What the task requires
In your copy, include every line of the records exactly and no picture at all.

· · · ·

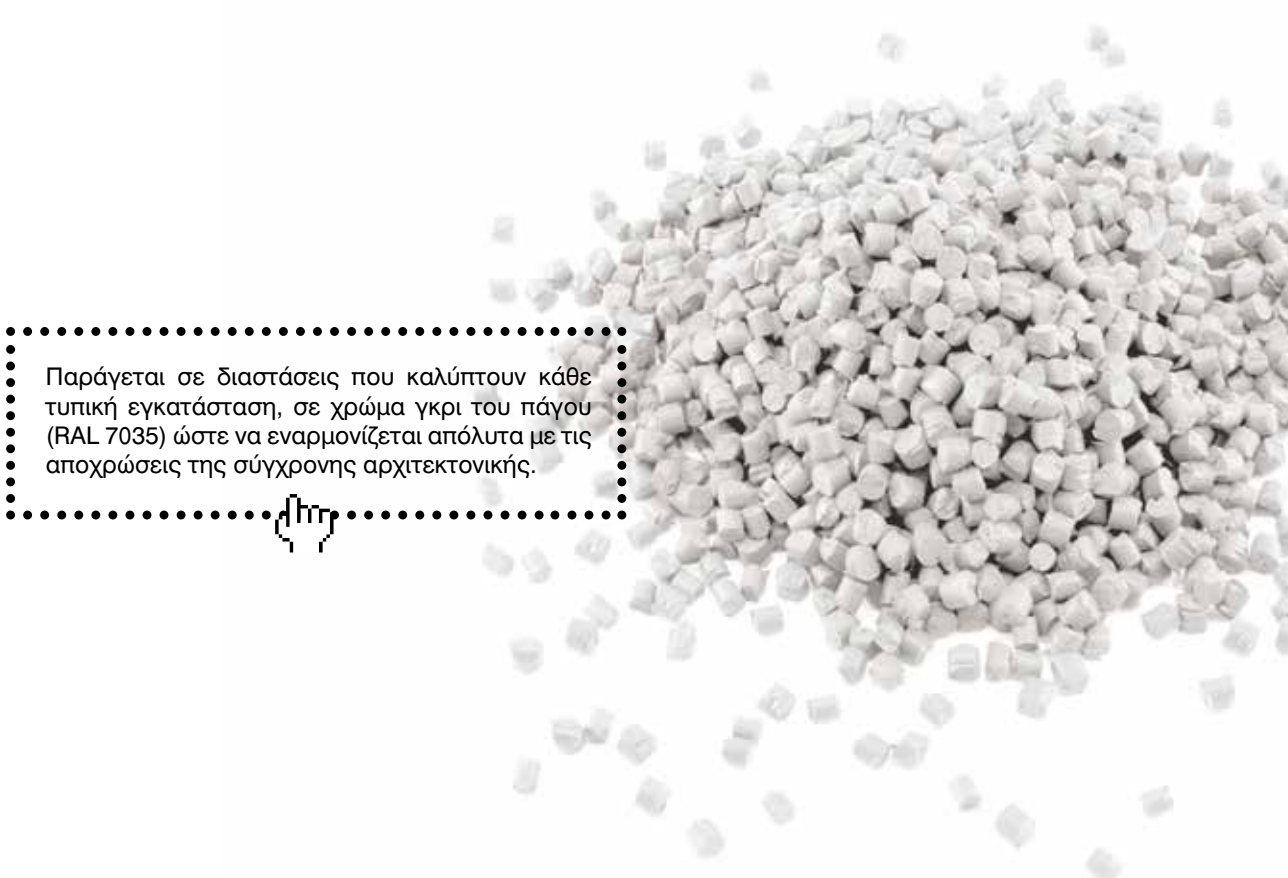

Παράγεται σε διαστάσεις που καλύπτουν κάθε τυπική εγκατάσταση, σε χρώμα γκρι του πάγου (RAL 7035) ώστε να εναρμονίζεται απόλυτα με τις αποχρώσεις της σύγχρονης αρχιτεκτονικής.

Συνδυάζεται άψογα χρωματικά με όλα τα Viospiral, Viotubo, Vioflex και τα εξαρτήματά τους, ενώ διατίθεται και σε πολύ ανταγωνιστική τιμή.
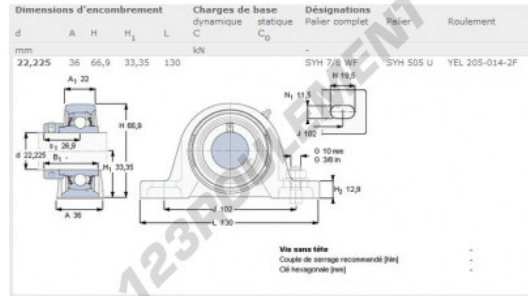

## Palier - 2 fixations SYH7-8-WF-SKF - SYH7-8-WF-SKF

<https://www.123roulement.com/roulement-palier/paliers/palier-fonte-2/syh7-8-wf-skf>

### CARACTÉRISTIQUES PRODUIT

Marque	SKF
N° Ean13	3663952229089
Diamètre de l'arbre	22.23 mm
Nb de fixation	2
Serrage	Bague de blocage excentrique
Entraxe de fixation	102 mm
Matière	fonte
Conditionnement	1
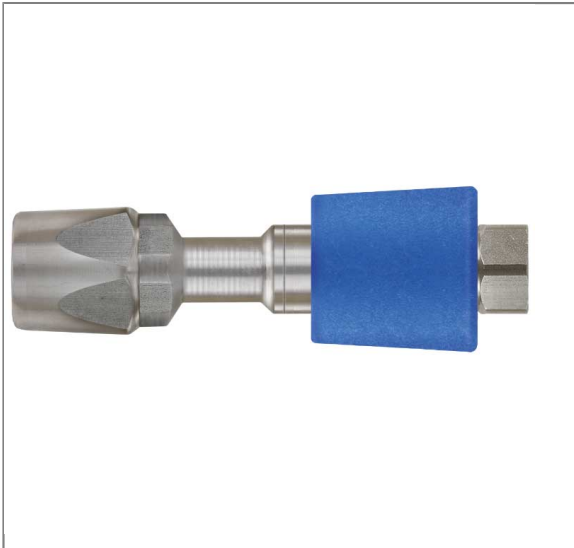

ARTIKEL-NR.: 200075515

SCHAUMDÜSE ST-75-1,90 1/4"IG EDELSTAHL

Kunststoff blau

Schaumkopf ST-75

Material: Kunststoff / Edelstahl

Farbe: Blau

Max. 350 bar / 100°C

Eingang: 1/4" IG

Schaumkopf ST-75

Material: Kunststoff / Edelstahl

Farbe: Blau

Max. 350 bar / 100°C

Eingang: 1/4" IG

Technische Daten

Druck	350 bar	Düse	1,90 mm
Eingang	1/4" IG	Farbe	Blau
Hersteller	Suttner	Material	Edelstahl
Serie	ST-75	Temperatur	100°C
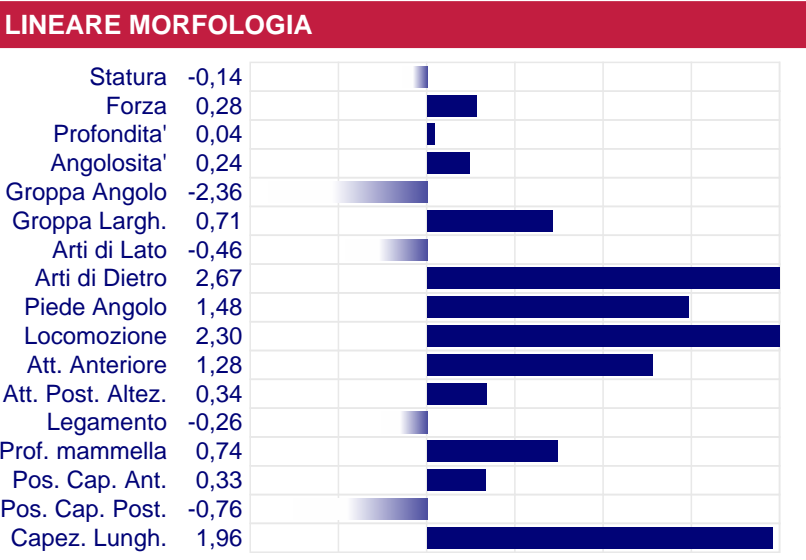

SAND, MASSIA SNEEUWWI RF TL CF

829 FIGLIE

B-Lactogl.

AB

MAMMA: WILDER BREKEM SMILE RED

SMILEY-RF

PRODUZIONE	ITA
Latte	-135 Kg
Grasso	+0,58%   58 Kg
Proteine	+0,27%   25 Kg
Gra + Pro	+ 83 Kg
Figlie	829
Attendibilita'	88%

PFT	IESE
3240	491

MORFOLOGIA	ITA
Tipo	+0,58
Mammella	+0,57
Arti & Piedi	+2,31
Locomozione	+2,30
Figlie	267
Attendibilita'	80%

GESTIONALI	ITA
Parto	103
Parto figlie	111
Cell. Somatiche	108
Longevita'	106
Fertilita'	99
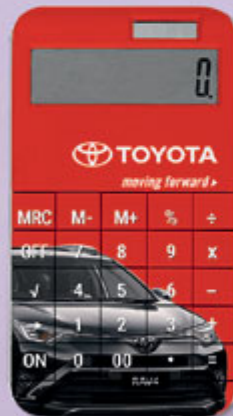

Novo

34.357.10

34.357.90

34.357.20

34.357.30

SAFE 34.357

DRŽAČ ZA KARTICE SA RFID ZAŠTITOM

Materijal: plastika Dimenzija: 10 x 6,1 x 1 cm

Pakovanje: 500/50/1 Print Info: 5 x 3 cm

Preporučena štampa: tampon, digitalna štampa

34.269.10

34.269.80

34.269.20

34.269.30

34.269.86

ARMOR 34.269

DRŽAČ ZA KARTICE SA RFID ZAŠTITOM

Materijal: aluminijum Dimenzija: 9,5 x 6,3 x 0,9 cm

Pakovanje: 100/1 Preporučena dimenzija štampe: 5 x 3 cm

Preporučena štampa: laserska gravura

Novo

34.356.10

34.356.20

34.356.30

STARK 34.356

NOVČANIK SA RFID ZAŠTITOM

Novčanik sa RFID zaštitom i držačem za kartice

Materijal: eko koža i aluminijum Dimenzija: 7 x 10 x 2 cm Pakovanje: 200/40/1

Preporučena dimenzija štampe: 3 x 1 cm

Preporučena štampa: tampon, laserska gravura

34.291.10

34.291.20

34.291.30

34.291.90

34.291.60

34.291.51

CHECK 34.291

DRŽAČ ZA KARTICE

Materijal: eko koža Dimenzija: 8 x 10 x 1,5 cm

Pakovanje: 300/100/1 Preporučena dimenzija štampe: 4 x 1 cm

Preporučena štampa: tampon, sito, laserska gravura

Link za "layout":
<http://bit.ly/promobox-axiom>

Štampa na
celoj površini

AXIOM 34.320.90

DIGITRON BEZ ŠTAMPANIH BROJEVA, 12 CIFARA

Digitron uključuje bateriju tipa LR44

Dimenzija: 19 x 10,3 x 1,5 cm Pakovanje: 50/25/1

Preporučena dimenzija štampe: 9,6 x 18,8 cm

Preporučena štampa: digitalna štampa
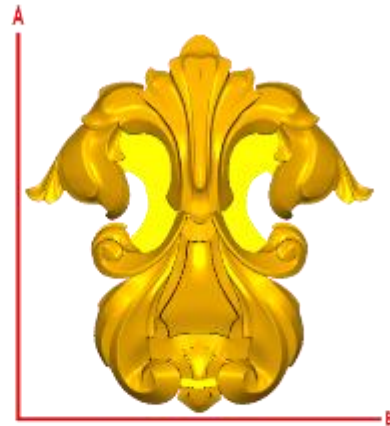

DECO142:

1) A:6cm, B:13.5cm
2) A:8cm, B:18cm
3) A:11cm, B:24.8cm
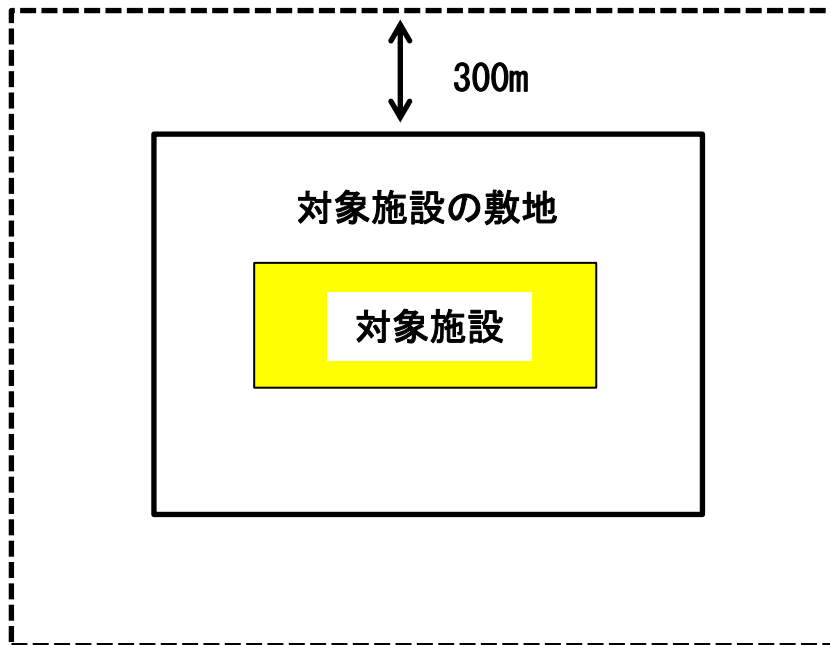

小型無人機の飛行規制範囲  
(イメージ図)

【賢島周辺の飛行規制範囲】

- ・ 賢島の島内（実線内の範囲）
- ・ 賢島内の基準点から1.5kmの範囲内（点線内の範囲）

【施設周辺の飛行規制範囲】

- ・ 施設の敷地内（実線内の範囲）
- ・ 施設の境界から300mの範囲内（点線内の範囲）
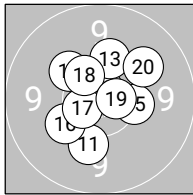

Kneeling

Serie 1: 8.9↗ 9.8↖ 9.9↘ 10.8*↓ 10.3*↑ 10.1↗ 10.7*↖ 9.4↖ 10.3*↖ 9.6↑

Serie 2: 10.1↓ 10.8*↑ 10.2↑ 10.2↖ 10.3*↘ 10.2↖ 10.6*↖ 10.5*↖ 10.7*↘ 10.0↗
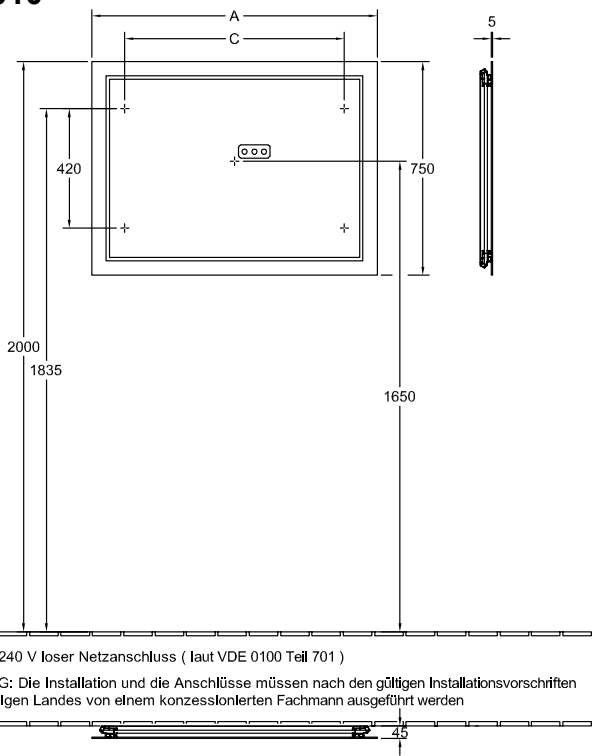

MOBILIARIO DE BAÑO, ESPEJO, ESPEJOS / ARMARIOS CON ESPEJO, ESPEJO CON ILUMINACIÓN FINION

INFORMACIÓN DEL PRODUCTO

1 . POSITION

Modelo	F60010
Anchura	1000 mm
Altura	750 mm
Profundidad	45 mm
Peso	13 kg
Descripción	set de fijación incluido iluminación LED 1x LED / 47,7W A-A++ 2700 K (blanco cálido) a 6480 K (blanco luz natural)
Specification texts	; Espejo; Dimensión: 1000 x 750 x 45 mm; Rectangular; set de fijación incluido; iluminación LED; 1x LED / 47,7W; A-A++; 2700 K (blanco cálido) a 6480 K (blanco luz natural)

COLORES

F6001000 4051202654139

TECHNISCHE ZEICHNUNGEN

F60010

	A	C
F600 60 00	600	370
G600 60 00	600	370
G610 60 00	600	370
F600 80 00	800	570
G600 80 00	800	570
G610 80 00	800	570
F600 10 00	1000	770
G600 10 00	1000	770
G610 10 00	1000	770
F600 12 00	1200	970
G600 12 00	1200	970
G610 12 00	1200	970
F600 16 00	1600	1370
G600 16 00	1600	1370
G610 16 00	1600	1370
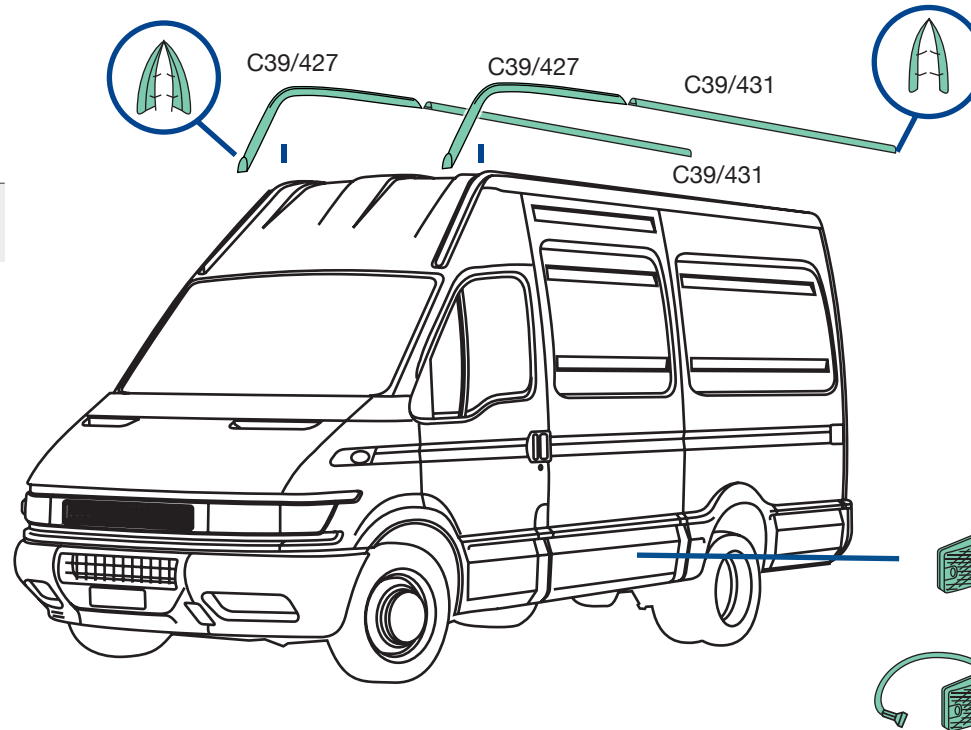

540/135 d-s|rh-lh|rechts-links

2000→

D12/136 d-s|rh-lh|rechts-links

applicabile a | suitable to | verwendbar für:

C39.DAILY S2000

· · · ·

Response to the task
Παράγεται σε διαστάσεις που καλύπτουν κάθε τυπική εγκατάσταση, σε χρώμα γκρι του πάγου (RAL 7035) ώστε να εναρμονίζεται απόλυτα με τις αποχρώσεις της σύγχρονης αρχιτεκτονικής.

Συνδυάζεται άψογα χρωματικά με όλα τα Viospiral, Viotubo, Vioflex και τα εξαρτήματά τους, ενώ διατίθεται και σε πολύ ανταγωνιστική τιμή.

## Palier - 2 fixations SYH7-8-WF-SKF - SYH7-8-WF-SKF

<https://www.123roulement.com/roulement-palier/paliers/palier-fonte-2/syh7-8-wf-skf>

### CARACTÉRISTIQUES PRODUIT

Marque	SKF
N° Ean13	3663952229089
Diamètre de l'arbre	22.23 mm
Nb de fixation	2
Serrage	Bague de blocage excentrique
Entraxe de fixation	102 mm
Matière	fonte
Conditionnement	1

ARTIKEL-NR.: 200075515

SCHAUMDÜSE ST-75-1,90 1/4"IG EDELSTAHL

Kunststoff blau

Schaumkopf ST-75

Material: Kunststoff / Edelstahl

Farbe: Blau

Max. 350 bar / 100°C

Eingang: 1/4" IG

Schaumkopf ST-75

Material: Kunststoff / Edelstahl

Farbe: Blau

Max. 350 bar / 100°C

Eingang: 1/4" IG

Technische Daten

Druck	350 bar	Düse	1,90 mm
Eingang	1/4" IG	Farbe	Blau
Hersteller	Suttner	Material	Edelstahl
Serie	ST-75	Temperatur	100°C

SAND, MASSIA SNEEUWWI RF TL CF

829 FIGLIE

B-Lactogl.

AB

MAMMA: WILDER BREKEM SMILE RED

SMILEY-RF

PRODUZIONE	ITA
Latte	-135 Kg
Grasso	+0,58%   58 Kg
Proteine	+0,27%   25 Kg
Gra + Pro	+ 83 Kg
Figlie	829
Attendibilita'	88%

PFT	IESE
3240	491

MORFOLOGIA	ITA
Tipo	+0,58
Mammella	+0,57
Arti & Piedi	+2,31
Locomozione	+2,30
Figlie	267
Attendibilita'	80%

GESTIONALI	ITA
Parto	103
Parto figlie	111
Cell. Somatiche	108
Longevita'	106
Fertilita'	99

Novo

34.357.10

34.357.90

34.357.20

34.357.30

SAFE 34.357

DRŽAČ ZA KARTICE SA RFID ZAŠTITOM

Materijal: plastika Dimenzija: 10 x 6,1 x 1 cm

Pakovanje: 500/50/1 Print Info: 5 x 3 cm

Preporučena štampa: tampon, digitalna štampa

34.269.10

34.269.80

34.269.20

34.269.30

34.269.86

ARMOR 34.269

DRŽAČ ZA KARTICE SA RFID ZAŠTITOM

Materijal: aluminijum Dimenzija: 9,5 x 6,3 x 0,9 cm

Pakovanje: 100/1 Preporučena dimenzija štampe: 5 x 3 cm

Preporučena štampa: laserska gravura

Novo

34.356.10

34.356.20

34.356.30

STARK 34.356

NOVČANIK SA RFID ZAŠTITOM

Novčanik sa RFID zaštitom i držačem za kartice

Materijal: eko koža i aluminijum Dimenzija: 7 x 10 x 2 cm Pakovanje: 200/40/1

Preporučena dimenzija štampe: 3 x 1 cm

Preporučena štampa: tampon, laserska gravura

34.291.10

34.291.20

34.291.30

34.291.90

34.291.60

34.291.51

CHECK 34.291

DRŽAČ ZA KARTICE

Materijal: eko koža Dimenzija: 8 x 10 x 1,5 cm

Pakovanje: 300/100/1 Preporučena dimenzija štampe: 4 x 1 cm

Preporučena štampa: tampon, sito, laserska gravura

Link za "layout":
<http://bit.ly/promobox-axiom>

Štampa na
celoj površini

AXIOM 34.320.90

DIGITRON BEZ ŠTAMPANIH BROJEVA, 12 CIFARA

Digitron uključuje bateriju tipa LR44

Dimenzija: 19 x 10,3 x 1,5 cm Pakovanje: 50/25/1

Preporučena dimenzija štampe: 9,6 x 18,8 cm

Preporučena štampa: digitalna štampa

DECO142:

1) A:6cm, B:13.5cm
2) A:8cm, B:18cm
3) A:11cm, B:24.8cm

小型無人機の飛行規制範囲  
(イメージ図)

【賢島周辺の飛行規制範囲】

- ・ 賢島の島内（実線内の範囲）
- ・ 賢島内の基準点から1.5kmの範囲内（点線内の範囲）

【施設周辺の飛行規制範囲】

- ・ 施設の敷地内（実線内の範囲）
- ・ 施設の境界から300mの範囲内（点線内の範囲）

Kneeling

Serie 1: 8.9↗ 9.8↖ 9.9↘ 10.8*↓ 10.3*↑ 10.1↗ 10.7*↖ 9.4↖ 10.3*↖ 9.6↑

Serie 2: 10.1↓ 10.8*↑ 10.2↑ 10.2↖ 10.3*↘ 10.2↖ 10.6*↖ 10.5*↖ 10.7*↘ 10.0↗

MOBILIARIO DE BAÑO, ESPEJO, ESPEJOS / ARMARIOS CON ESPEJO, ESPEJO CON ILUMINACIÓN FINION

INFORMACIÓN DEL PRODUCTO

1 . POSITION

Modelo	F60010
Anchura	1000 mm
Altura	750 mm
Profundidad	45 mm
Peso	13 kg
Descripción	set de fijación incluido iluminación LED 1x LED / 47,7W A-A++ 2700 K (blanco cálido) a 6480 K (blanco luz natural)
Specification texts	; Espejo; Dimensión: 1000 x 750 x 45 mm; Rectangular; set de fijación incluido; iluminación LED; 1x LED / 47,7W; A-A++; 2700 K (blanco cálido) a 6480 K (blanco luz natural)

COLORES

F6001000 4051202654139

TECHNISCHE ZEICHNUNGEN

F60010

	A	C
F600 60 00	600	370
G600 60 00	600	370
G610 60 00	600	370
F600 80 00	800	570
G600 80 00	800	570
G610 80 00	800	570
F600 10 00	1000	770
G600 10 00	1000	770
G610 10 00	1000	770
F600 12 00	1200	970
G600 12 00	1200	970
G610 12 00	1200	970
F600 16 00	1600	1370
G600 16 00	1600	1370
G610 16 00	1600	1370

540/135 d-s|rh-lh|rechts-links

2000→

D12/136 d-s|rh-lh|rechts-links

applicabile a | suitable to | verwendbar für:

C39.DAILY S2000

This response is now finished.